Cheap, Color, Holographic Video

Researchers at MIT’s Media Lab discovered a new approach to generate holograms that could lead to color holographic-video displays that are much cheaper to manufacture than today’s experimental, monochromatic displays. The same technique could also increase the resolution of conventional 2D displays. Using the new technique, researchers are building a prototype color holographic-video display whose resolution is roughly that of a standard-definition TV and which can update video images 30 times a second, fast enough to produce the illusion of motion. The heart of the display is an optical chip, resembling a microscope slide for about $10. When light strikes an object with an irregular surface, it bounces off at a huge variety of angles, so that different aspects of the object are disclosed when it’s viewed from different perspectives.
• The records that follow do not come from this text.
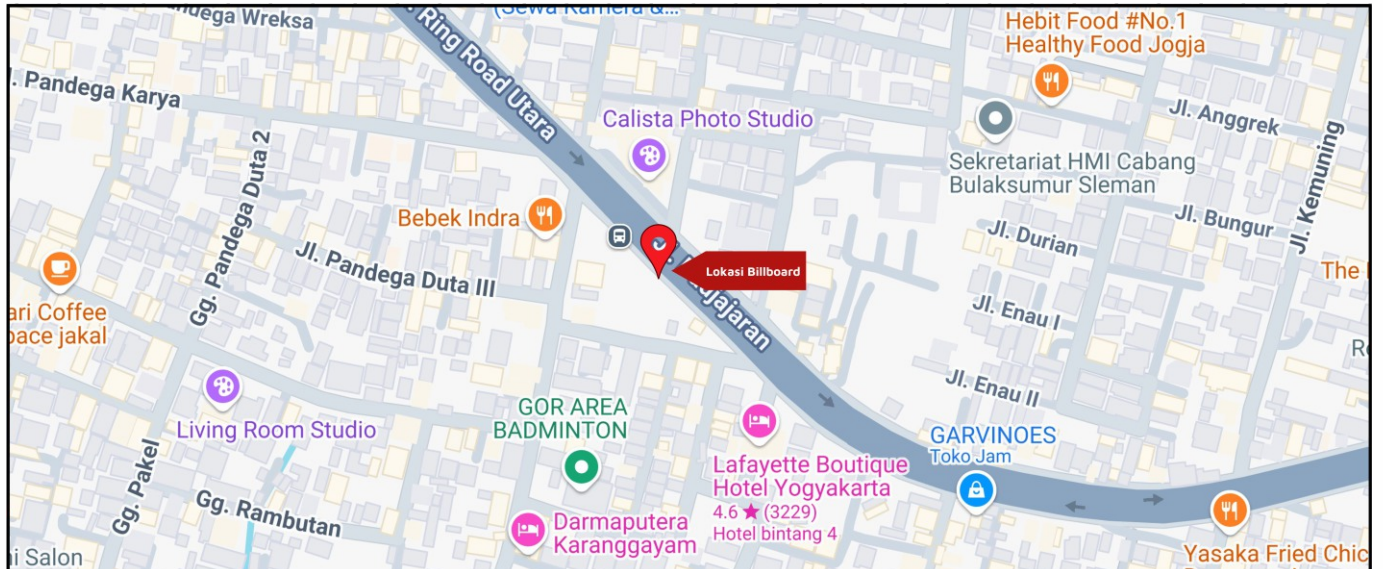

Foto Lokasi

Denah Lokasi

Description : Merupakan area padat lalu lintas, baik kendaraan pribadi maupun umum

LALU LINTAS HARIAN RATA-RATA

Mobil Pribadi	Sepeda Motor	Angkutan Umum	Lain-Lain (Pick Up, Truck, Dsb.)	Jumlah Total
-	-	-	-	-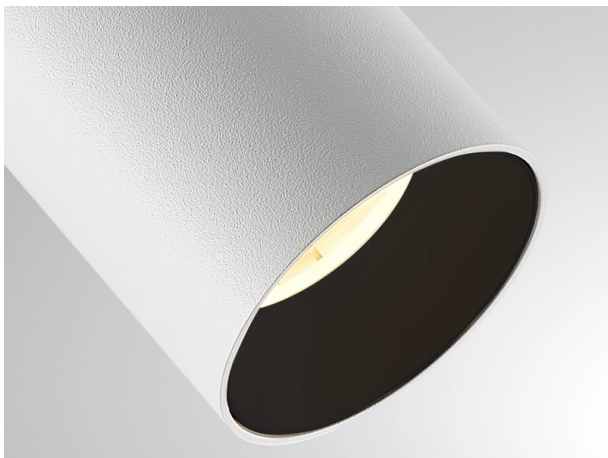

MISSOR

222-a00021

Dekorring aus Kunststoff, weiß, werkzeuglos wechselbar, für Missor I, Missor II und Elix

SKIZZE

TECHNISCHE DETAILS

Dimmbarkeit	nicht dimmbar
Material	Kunststoff
Höhe [mm]	20
Durchmesser [mm]	60
Schutzart [IP]	IP20
Nettogewicht [kg]	0,00
Farbe Leuchte	schwarz
EAN-Nummer	9010870424449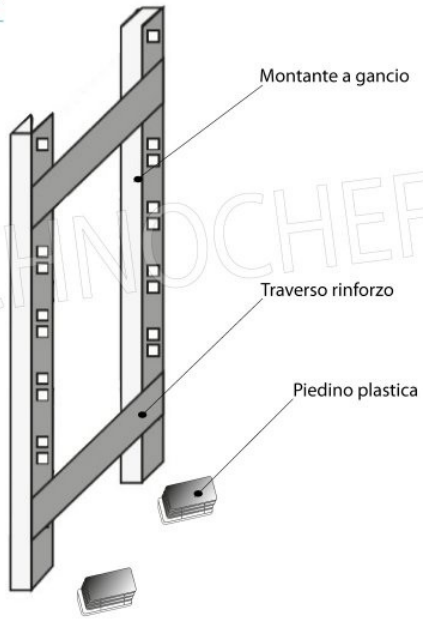

€ 84,90 + IVA

€ 103,58 IVA incl.

Spedizione in Italia: compresa

Consegna: da 4 a 9 giorni

IP-97180+97003+97007

TECHNOCHEF - Fiancata-Spalla per Scaffali a Gancio Inox, Mod.97180+97003+97007

Fiancata-Spalla per scaffali a gancio inox 304 lucido, spessore 20/10, composto da 2 montanti, 2 traverse e piedini in plastica, adatta per ripiani profondi 30 cm, dim.mm.300x25x1800h

€ 100,44 + IVA

€ 122,54 IVA incl.

Spedizione in Italia: compresa

Consegna: da 4 a 9 giorni

MODULO AGGIUNTIVO

Esempi di montaggio
 Assembly examples • Exemples de l'Assemblée

SCAFFALE A GANCIO
 Stainless steel hook shelving • Étagère inox à crochet

LEGENDA: $L1 = A + (2 \times 25)$ $L3 = A + A + A + (4 \times 25)$
 $L2 = P + A + P$ $L4 = P + A + 25$

081E

MODULO AGGIUNTIVO

Ripiano asolato

Croce stabilizzatrice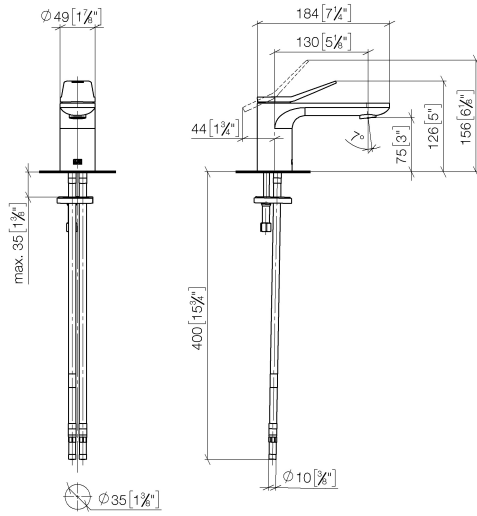

**LISSÉ Mitigeur monocommande de lavabo sans garniture d'écoulement - Noir mat**

LISSÉ

33 521 845

- saillie 130 mm
- bec déverseur fixe
- jet circulaire enrichi en air
- hauteur de robinetterie 127 mm
- hauteur jusqu'au mousseur 75 mm
- diamètre de percement 35 mm
- 2x flexible de pression M 8 x 1 vissé, étanchéité contrôlée
- débit maxi. 5,7 l/min
- sans plomb
- Ce produit contribue au respect des exigences des systèmes d'évaluation des bâtiments écologiques, par exemple LEED®, BREEAM®, DGNB

	Noir mat	33 521 845-33
	Chrome	33 521 845-00
	Platine brossé	33 521 845-06
	Dark Chrome	33 521 845-19
	Chrome brossé	33 521 845-93
	Dark Platinum brossé	33 521 845-99

33 521 845  
mm [inches]

**Diagramme de débit**

In a hologram, a beam of light passes through a so-called diffraction fringe, which bends the light so that it, too, emerges at a host of different angles.

 
One way to produce holographic video is to create diffraction fringes from patterns displayed on an otherwise transparent screen. The problem with that approach is that the pixels of the diffraction pattern have to be as small as the wavelength of the light they’re bending, and most display technologies don’t happily shrink down that much. The team used a small crystal of a material called lithium niobate. Just beneath the surface of the crystal microscopic channels (known as waveguides) are created, which confine the light traveling through them. Each waveguide corresponds to one row of pixels in the final image. Beams of red, green and blue light are sent down each waveguide, and the frequencies of the acoustic wave passing through the crystal determine which colors pass through and which are filtered out. Combining, say, red and blue to produce purple doesn’t require a separate waveguide for each color; it just requires a different acoustic-wave pattern.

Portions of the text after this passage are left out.